Maa carefully writes her name in English, each curve of the alphabet giving away the fact that she has rehearsed it too many times. We stand. As we step out of the classroom, I hear it– soft but unmistakable. A sigh. A sigh of relief.

Twelve years later, I sit at a messy desk, surrounded by books, pens and half-empty journals. The world has not ended, yet mine has shrunk a little. 

Maa is no more. Like a firefly at the break of dawn, she slipped away quietly. Her death became part of a larger statistic – she was one of the millions of people who passed away during the COVID pandemic. I saw her body wrapped in a plastic sheet, yet wasn’t allowed to touch it. A hospital caretaker gave me some of her belongings in a zip pouch: a Samsung phone, a pair of gold earrings, an uneaten apple. 

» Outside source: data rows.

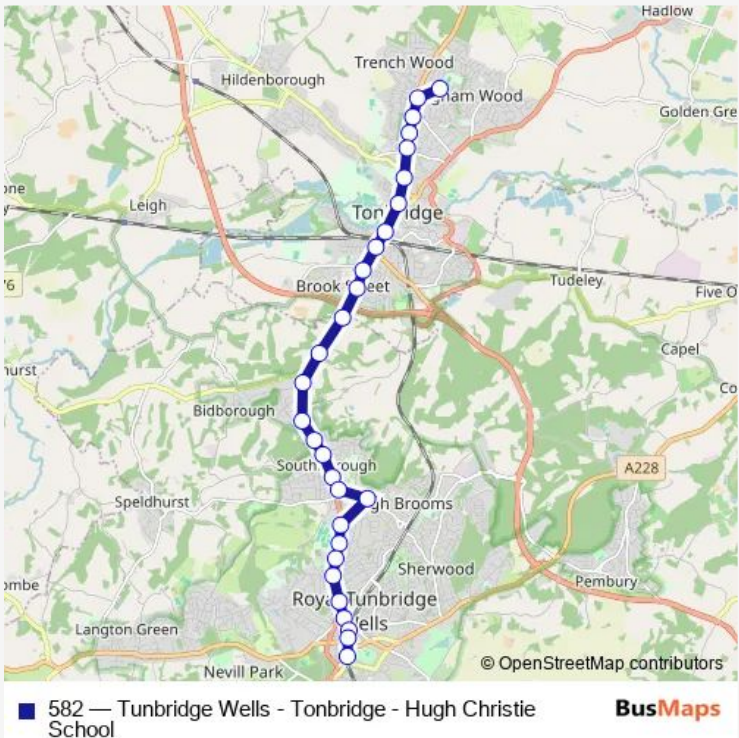

Bus 582 Tunbridge Wells - Tonbridge - Hugh Christie School

[Go to website](#)

Direction
 Hugh Christie Technology College — Railway Station
 29 stops
[Open route schedule](#)

- Hugh Christie Technology College
- Cage Green Road
- Pinnacles
- Greyhound House
- Uridge Road
- Tonbridge School
- Castle
- High Street
- Quarry Hill Parade
- Springwell Road
- Baltic Road
- Mabledon
- Hangmans Hill
- Bidborough Corner
- Birchwood Avenue
- The Fountain
- Sheffield Road
- Hythe Close
- Crendon Park
- Yew Tree Road
- Tunbridge Wells Boys' Grammar School

Route schedule
 Hugh Christie Technology College — Railway Station

Monday	15:10
Tuesday	15:10
Wednesday	13:55
Thursday	15:10
Friday	15:10
Saturday	—
Sunday	—

Route info
 Direction: Hugh Christie Technology College
 Stops: 29
 Trip Duration: 0 hour 54 min

YMCA

East Cliff Road

The Skinners' School

Woodbury Park Road

Grosvenor Road

Royal Victoria Place

War Memorial

Railway Station

Direction

Railway Station — Hugh Christie Technology College

27 stops

[Open route schedule](#)

Railway Station

War Memorial

Grosvenor Road

Woodbury Park Road
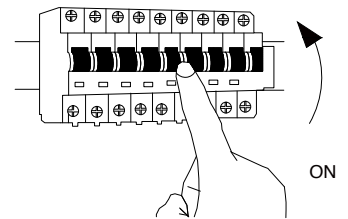

NOVA LUCE

9009162

1

Turn off the general switch

2

Drill holes & apply plastic anchors
With screws

3

Connect the wires

4

Apply the side screws

5

Instal glass shade

6

Turn on the general switch

I have tried to forget many of the details of that day, but one refuses to leave me. It was Mother’s Day. My last text to her was a mix of English and Hindi, my mother tongue. It read: 

Happy Mother’s Day. Jald hi milenge – we will meet soon. Love you 🌻

Two blue ticks on WhatsApp told me that she read the text, but did not live long enough to respond to it. Or to meet me again. Was it the last thing she read before taking her final breath? I’ll never know.

A week after her death, I received a call from the government. A voice on the other side asked me to press one for English, and two for Hindi. Almost instinctively, I pressed one. The voice informed me that the families of those who died, as a result of the pandemic, are eligible to get compensation in the form of Rs 5,000 rupees. The voice asked me to confirm my address. I was on a train, and the signal was weak. I repeated it multiple times, but the voice struggled to get it right. Was it C block, D, or E? I told her it was C. C for Cat. A for Apple, B for Ball, C for Cat. We had all been taught the same words in kindergarten. It was never A for Avocado, or B for Baggage, or C for Crestfallen. The voice finally understood. She cut the phone. I stared out my window for a long time. 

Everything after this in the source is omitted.